Sans l’initiative de Charles Vermot, le calibre El Primero appartiendrait à l’histoire. Son action d’insoumission a donné un tout autre destin au premier calibre de chronographe automatique.
Charles Vermot, l’homme qui dit “Non” !
« Rien d’audacieux n’existe sans la désobéissance à des règles. » Des événements donnent régulièrement vie à cette pensée de Jean Cocteau. Dans la longue et passionnante histoire de Zenith, le refus de suivre une directive prend une saveur toute particulière avec la décision prise par Charles Vermot. En 1975, les oscillations du quartz dans les calibres provoquent une secousse sismique dans le paysage horloger. Les mouvements mécaniques à remontage manuel ou automatique ne s’en relèveront pas durant cette décennie. La manufacture acquise par une entreprise américaine spécialisée dans la vente de radio et de télévision en 1971, la Zenith Radio Corporation, subit une orientation stratégique lourde de conséquences. L’équipe dirigeante impose l’arrêt de la production des mouvements El Primero désirant même faire table rase du passé au profit de la quartzomania. Cette décision ne fait pas l’unanimité. Charles Vermot, chef de fabrication des ébauches durant 40 ans, prend alors sa plume et adresse une missive pour exprimer sa position. « Sans être contre le progrès, je constate que le monde est ainsi fait. En ce sens qu’il a toujours des retours en arrière. Vous avez tort de croire en l’arrêt total du chrono mécanique automatique. Aussi, je suis persuadé qu’un jour, votre entreprise pourra bénéficier des lubies et modes que le monde a toujours connus » conclut-il, avec pertinence, sa requête.
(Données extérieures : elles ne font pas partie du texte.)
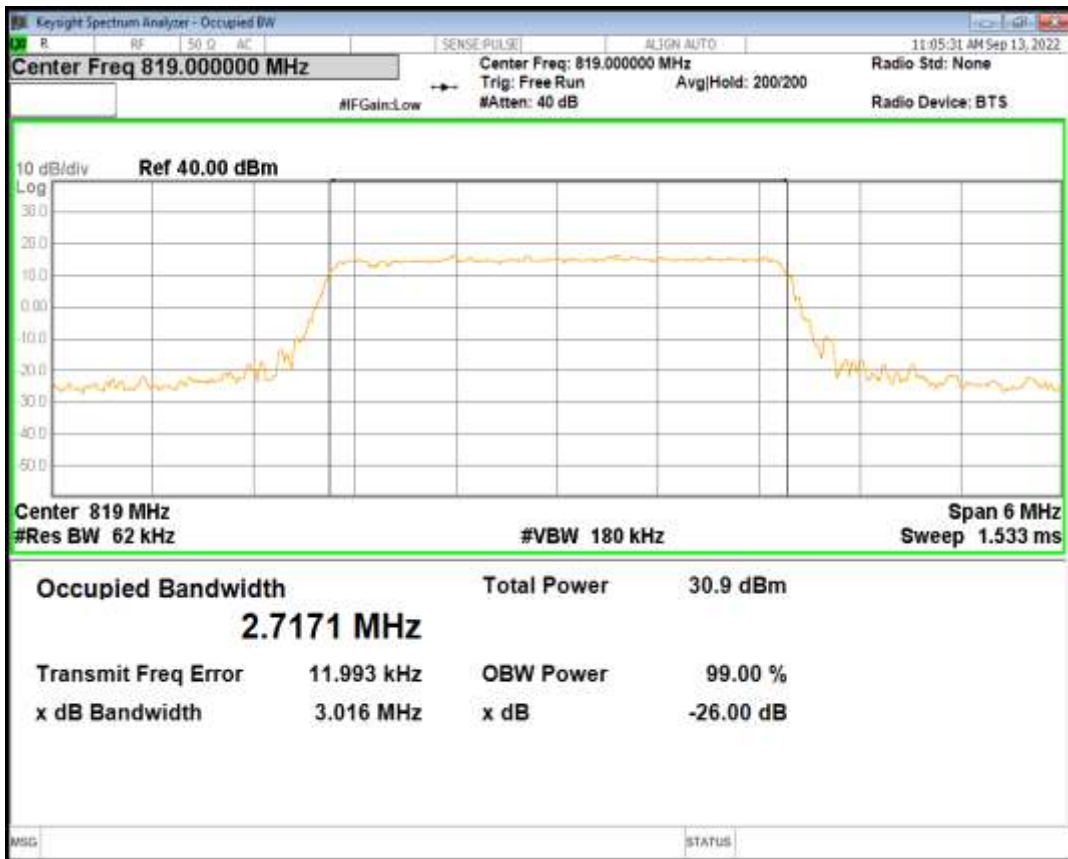

Band26(814-824) QAM16 BW=3MHz Channel=26740 RB Size=15 Position=#0
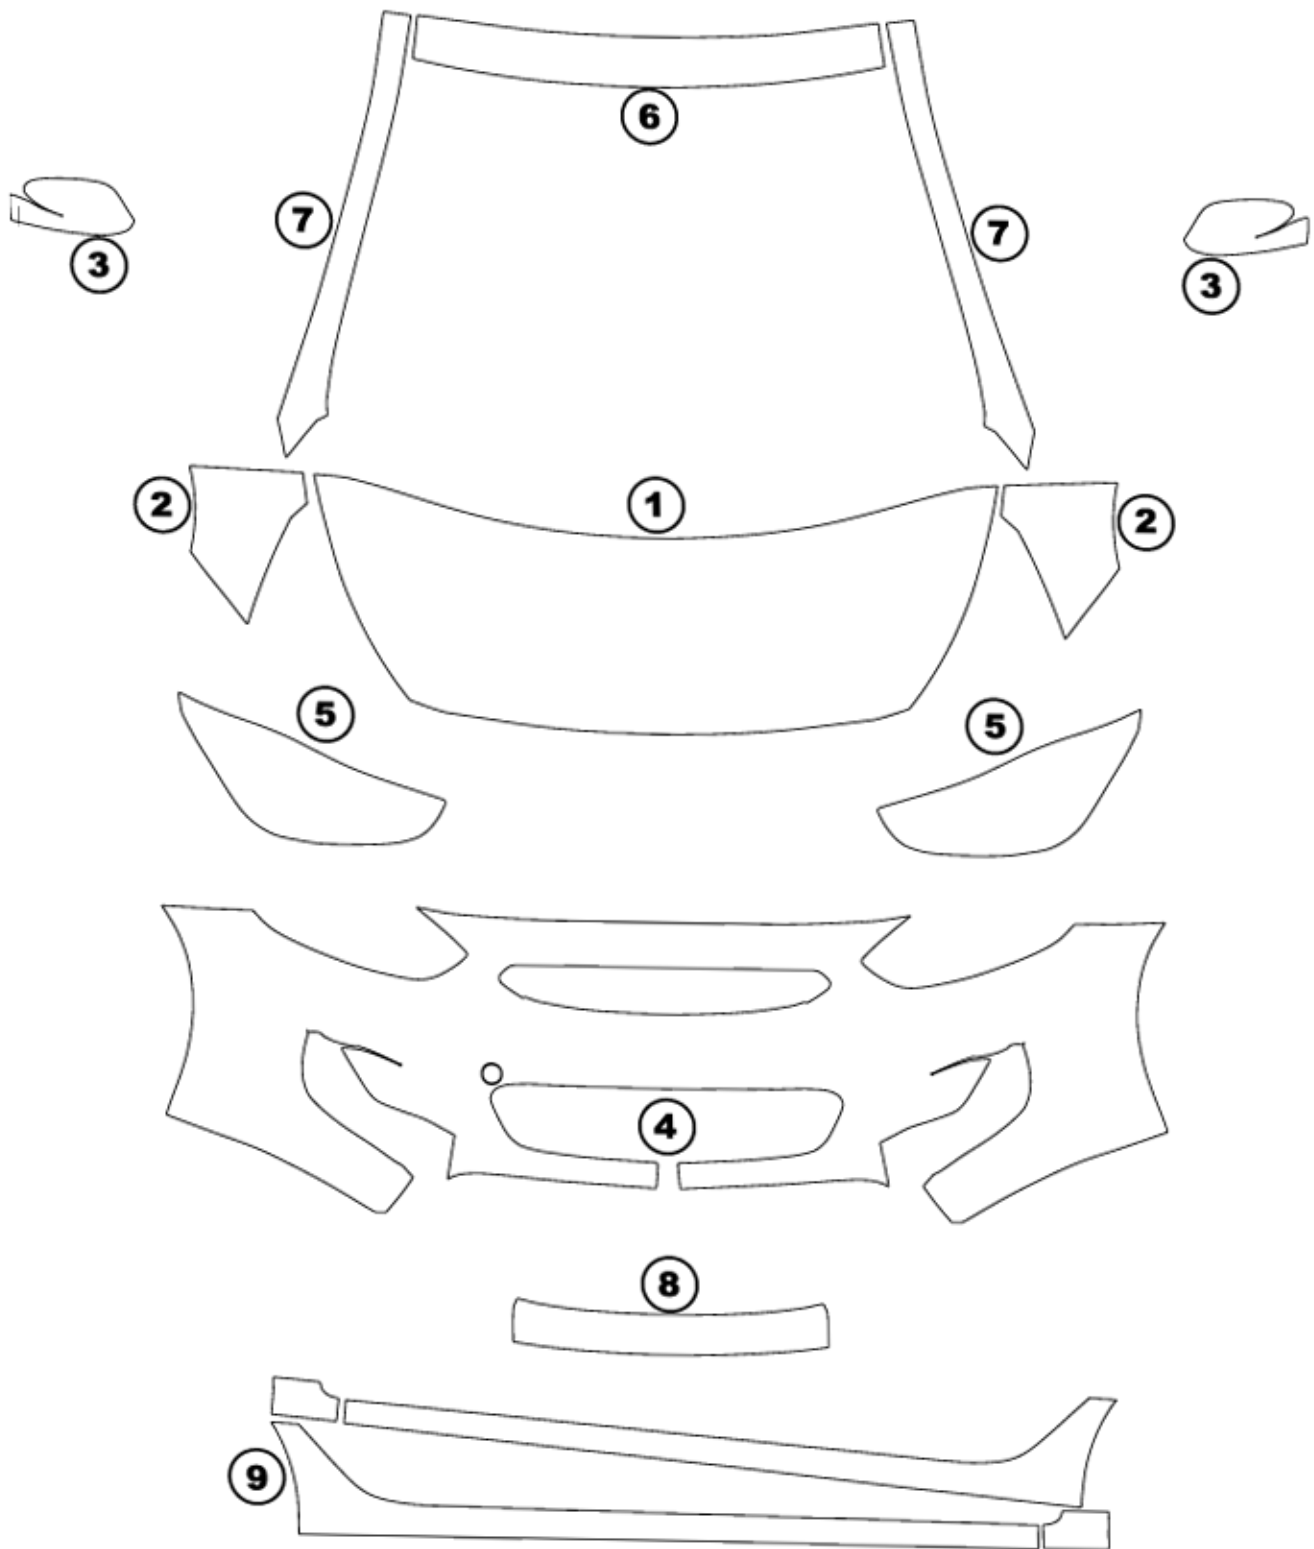

Hyundai Accent GLS, GS, SE 2012+

- ① HOOD
- ② FENDER
- ③ MIRROR
- ④ BUMPER

- ⑤ LIGHTS
- ⑥ CAB TOP
- ⑦ A PILLARS
- ⑧ REAR TRUNK LEDGE

- ⑨ ROCKER PANELS

Hyundai Accent GLS, GS, SE 2012+

DATE: 08/09/2011

DRAWN BY: A.G.

Installed by:

Notes on back:

REVISION #: 00

PART #: 216-2-2-12
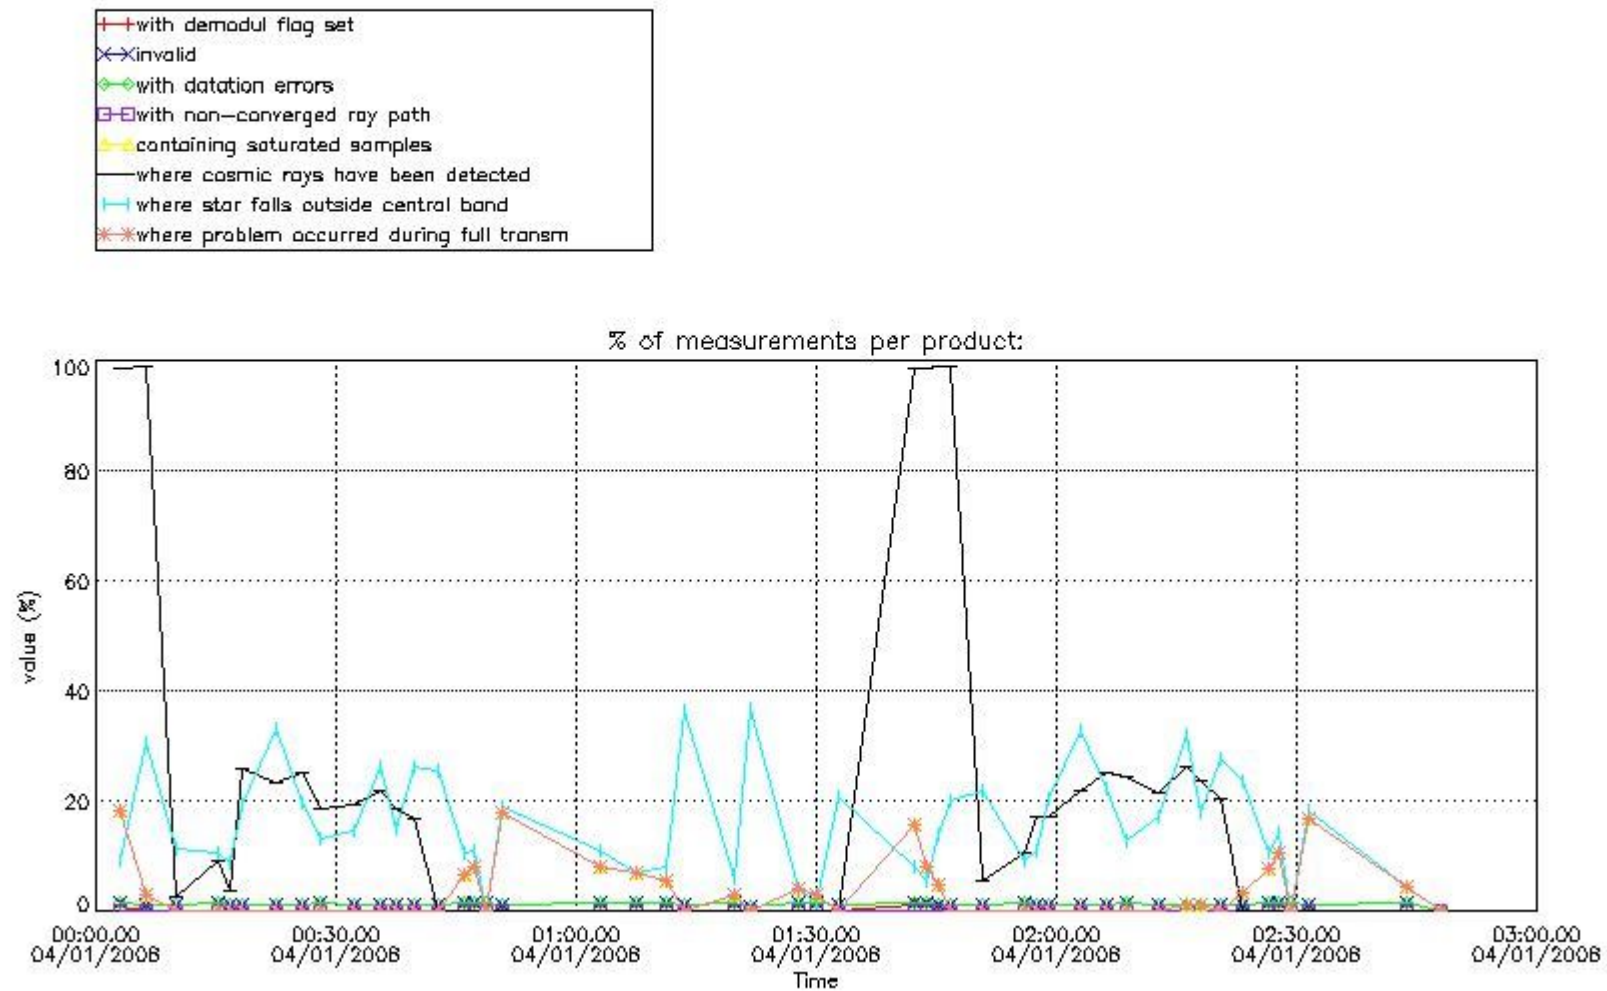

5. Demodulation flag and quality information monitoring

In this section it is presented the modulation information extracted from the pcd (product confidence data) at measurement level and information extracted from the Quality Summary dataset. Only products without errors (error flag in the MPH set to "0") are used.

5.1 Percentage of products during reporting period with:

At least one measurement with demodulation flag set:	16.3265 %
Reference spectrum computed from DB:	0.00000 %
Reference spectrum with small number of measurements:	0.00000 %
SATU data not used:	0.00000 %

5.2 Plot quality information per product (time dependant)

5.3 Plot quality information per product (world map)

Sa demande ne rencontra pas l’approbation de la nouvelle équipe dirigeante.
Il faut sauver “el primero” !
L’atelier 4 de la manufacture regorge de trésors accumulés depuis le lancement du projet El Primero dans les années 1960 jusqu’à sa mise en production à partir de 1969. Dans les classeurs, chaque esquisse et chaque annotation constitue autant de sources pour développer le mouvement. Dans cette pièce, plus de 150 étampes mais aussi des cames, des outils de coupe et des plans techniques essentiels à la fabrication du El Primero sont regroupés. Pour Charles Vermot, l’objectif est clair : dissimuler cette tonne d’acier et de papier et la consigner consciencieusement dans les mansardes de la manufacture. Il a la conviction qu’un jour, les mouvements mécaniques seront à nouveau appréciés par les amateurs d’horlogerie. L’opération est alors menée en toute discrétion avec de multiples allers-retours en direction du grenier. Une fois l’ensemble mis à l’abri, l’horloger prend même le parti de condamner la porte des combles.
Charles Vermot sauve Zenith
Le temps aurait pu jouer contre lui et le grenier devenir des oubliettes. Cependant, en 1984, sa clairvoyance est récompensée. Six ans plus tôt, Zenith a changé de main au profit d’un consortium mené par Paul Castella. Celui-ci oriente la production de la manufacture dans une tout autre direction avec un retour aux sources. Ce choix stratégique sonne le retour de la production de montres à mouvement mécanique. Pour Charles Vermot, il est temps d’avouer son stratagème. La production du mythique chronographe est relancée. En 2019, le jubilé du El Primero donne l’occasion de mettre en exergue cet acte de rébellion qui s’est métamorphosé en acte de bravoure.